Internally, LAFC has made it a point to encourage these conversations among members of their team — Harvey praised the team’s ownership group and its manager, former USMNT gaffer Bob Bradley, for standing with players through thick and thin, like when the team opted to follow in the footsteps of the Milwaukee Bucks and not play a game in protest of the police shooting of Jacob Blake. LAFC, Harvey says, has a diverse fanbase in the midst of a diverse community, and views fostering a sense of inclusions as one of the club’s pillars.
The result of this has been practicing what the team preaches. As the veteran of a squad that has a number of players from diverse backgrounds, Harvey has taken pride in talking, listening, and getting to the heart of what people think. Understanding issues and perspectives gives him a window to inform, and as he tells it, his goal is not to convince someone to believe one thing or another — “maybe through your experiences,” he says, “they will understand and having a better understanding of an issue as a whole.”
Still, getting people compelled to vote isn’t unique to soccer. Voting initiatives have been taken on by individuals across the world of sports — heck, far beyond the world of sports, too — and everyone’s reason for championing this is different. For Harvey, it’s simply a matter of looking around, seeing what’s happening, and spurring ourselves to be part of creating a future that is better than the present.

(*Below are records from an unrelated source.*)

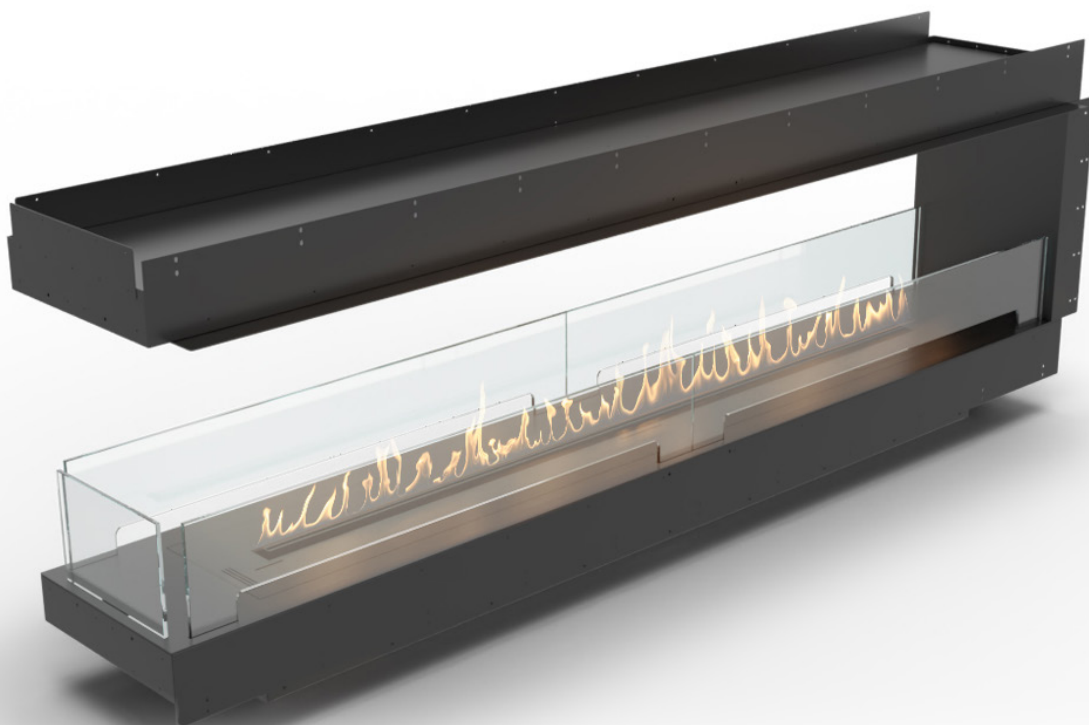

FORMA 2300 ROOM DIVIDER

WITH FLA4+ 1990 AUTOMATIC BEV® BURNER

Net Zero fireplace with the BEV Technology®

ZERO CLEARANCE FIREBOX

The ultimate firebox with our zero clearance design allows you to seamlessly integrate the fireplace into combustible materials and mount your TV directly above the fireplace.

REMOTE CONTROL

Easily control your fireplace with the handy remote. You're in charge of the flames. Go for one of 3 flame levels to adjust the ambience and coziness to your needs.

AUTOMATIC REFILLING

The automatic pump communicates with the device, delivering the necessary amount of fuel. There is no risk of overfilling the tank or spilling the fuel.

TOUCH CONTROL PANEL

Experience the ultimate convenience with the LCD touch control panel. Easily adjust the fireplace settings, check fuel levels, or set a shut-off timer. Additionally, the child lock feature ensures safety for the youngest users.

Forma 2300 Room Divider

Burner model	FLA4+ 1990
Fuel tank capacity	36.3 L
Maximum burn time	31 hours
Maximum heat output	18.0 kW
Minimum room cubature	180 m ³
Flame height regulation	6 stages
Weight	150.2 kg
Fuel type	bioethanol 95 - 96,6%
Flue	not required
Air change rate	1 space volume per hour
Power supply	230 V
Finish	black powder coating
Materials	steel, galvanized steel, tempered glass
Application	for indoor use only
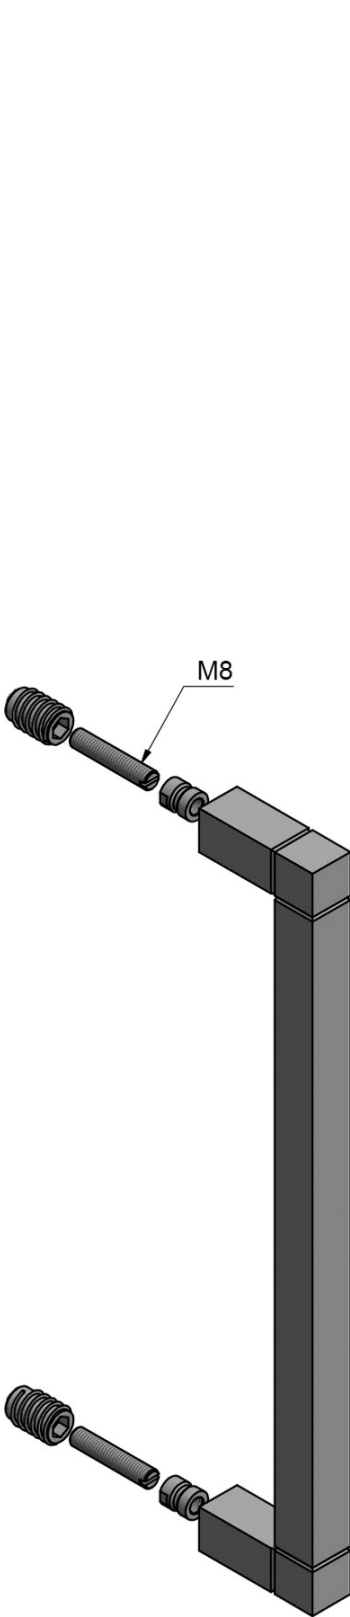

JB320 NP

pull handle
concealed fixing
stainless steel

METALFORM

FORMANI®		Part number:		
		Description:		
Doc no.: 3501G001 JB320 NP V01.dwg	JB320 NP		Format:	
Drawn by: Christian Brimbois			Creation date: 15-9-2016	A3
FORMANI HOLLAND B.V. EUROPALAAN 12 6199 AB MAASTRICHT-AIRPORT NL T +31 (0)43 308 90 00 INFO@FORMANI.COM FORMANI.COM
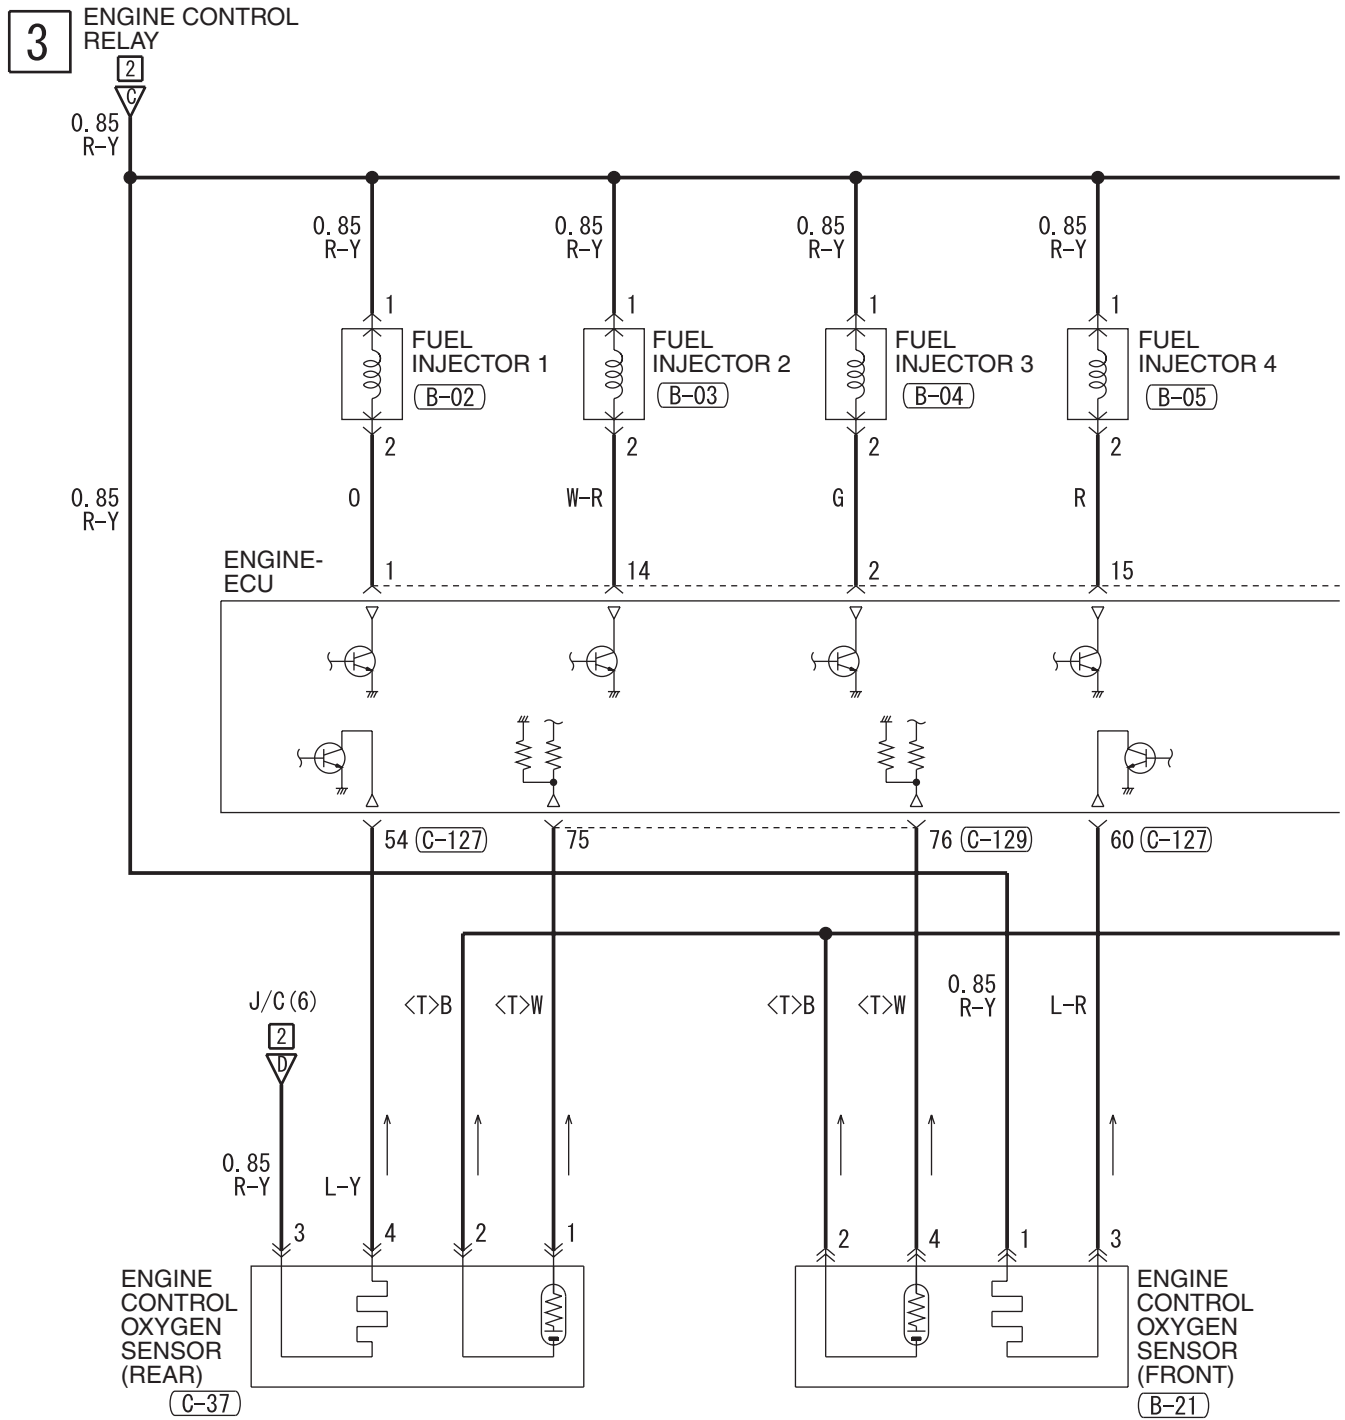

ENGINE CONTROL SYSTEM <4G1-M/T (RHD)> (CONTINUED)

- (B-02) (MU802062)
- (B-03) (MU802062)
- (B-04) (MU802062)
- (B-05) (MU802062)
- (B-06) (MU802078)
- (B-21) (MU802605)
- (B-101)
- (B-102) (MU805110)
- (B-105) (MU802779)
- (B-107) (MU802337)
- (B-111) (MU802406)
- (B-116) (MU802603)
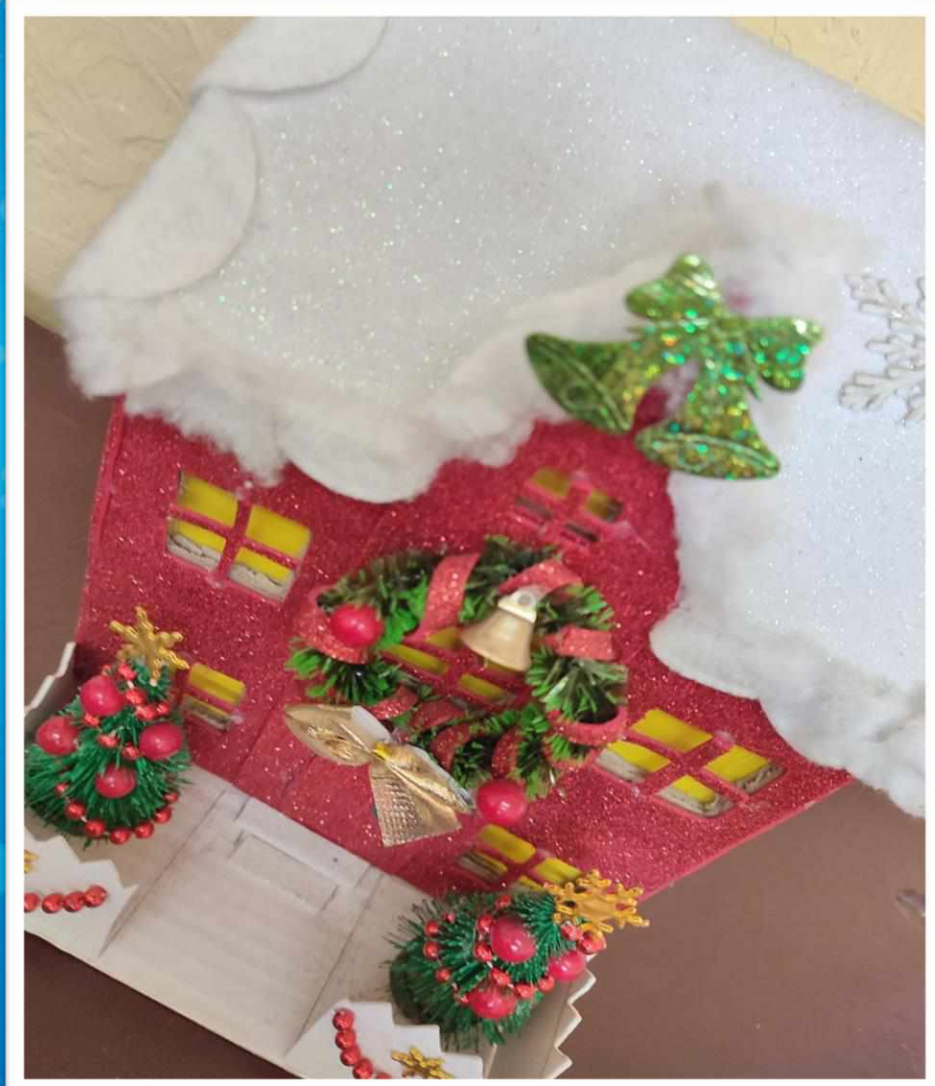

**Композиція «Новорічний домашній
затишок»**

**Чумаченко Антоніна Анатолівна,
Чумаченко Анастасія Анатолівна
Кер. Петренко Т.М.**

“For me, I think it’s important because our society and our country is in a really rough patch, and I don’t use this analysis, ‘a losing streak,’ lightly, I just say it as a way of comparing it and putting it into sports terms,” Harvey says. “But right now, we need change, and we need to really look at ourselves and see what we can do differently. I don’t wanna say that you should vote one way or the other, but we need to get everyone involved, and I truly believe the more people are informed and involved, the better this country will be. And that, in a small scale, is what I believe I can help with in our locker room and then whatever LAFC is doing in the community, I’m there for them 100 percent.”
There is one inherent flaw in efforts to get people to vote in an election. Oftentimes, all of the focus is centered on one particular election, like when the presidency or a seat in the Senate is on the ballot. But true democracy can only occur when all of a nation’s citizens are both informed and engaged, heading to the polls for everything from the highest offices in the land to picking members of a school board. While there are some who believe that this November’s election could spur record turnout among Americans, what is to come of elections in 2021 or 2022? Politics do not stop, so the need for citizens to participate in politics does not stop.
Harvey, however, is optimistic. He believes that there is a chance, based on everything that has happened over the last four years, for Americans to become more active in our democracy than ever.
“I am a true believer of everything happens for a reason,” Harvey says. “And if we had to go through something like we have the last three years in order to create more awareness of issues that are going on in our country, then maybe this is what needed to happen to create change and to create interest in things like voting, or, man, a number of things that have gone on, especially this year, that will help in the future.”